▸ PROBLEM REQUIREMENTS
Work out how many lines in the data hold the string "Active". Reply with only that number.

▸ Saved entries

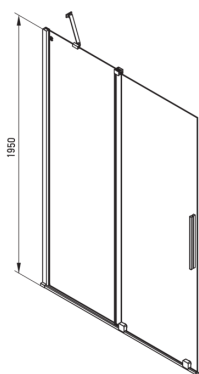

PRIZMA

Tuš stena, walk-in

koda izdelka: KTJ_R39R

EAN: 5907650839286

Barva: mat zlato

Garancija [leta]: 2

Model	Size	A (mm)	B (mm)	C (mm)	D (mm)
KTJ X39R	900x1950	880-900	360	475	420
KTJ X30R	1000x1950	980-1000	410	525	470
KTJ X32R	1200x1950	1180-1200	515	625	570
KTJ X34R	1400x1950	1380-1400	615	725	670

Kabine

širina [mm]	900
višina [mm]	1950
debelina stekla [mm]	6
steklen finiš	transparenten
premaz Active Cover	Ja

karakteristike:

- Samo najboljši materiali, katerih kakovost je potrjena z laboratorijskimi testi
- Hidrofobni premaz Active Cover, da voda lažje odteče s stekla
- Transparentno kaljeno steklo TOTAL WHITE
- Možnost vgradnje kabine brez tuš kadi, neposredno na ploščice
- Varno in trpežno kaljeno steklo
- Za površine s premazom Active Cover
- Odpornost na udarce, kemikalije in madeže v skladu s standardom PN-EN 14428+A1:2008, potrjena s testi Inštituta za keramiko in gradbene materiale.
- obračljiva vrata za montažo kabine na desno ali levo stran
- V ponudbi Deante imamo tudi varna namenska čistila

▸ SOLUTION TO THIS PROBLEM
3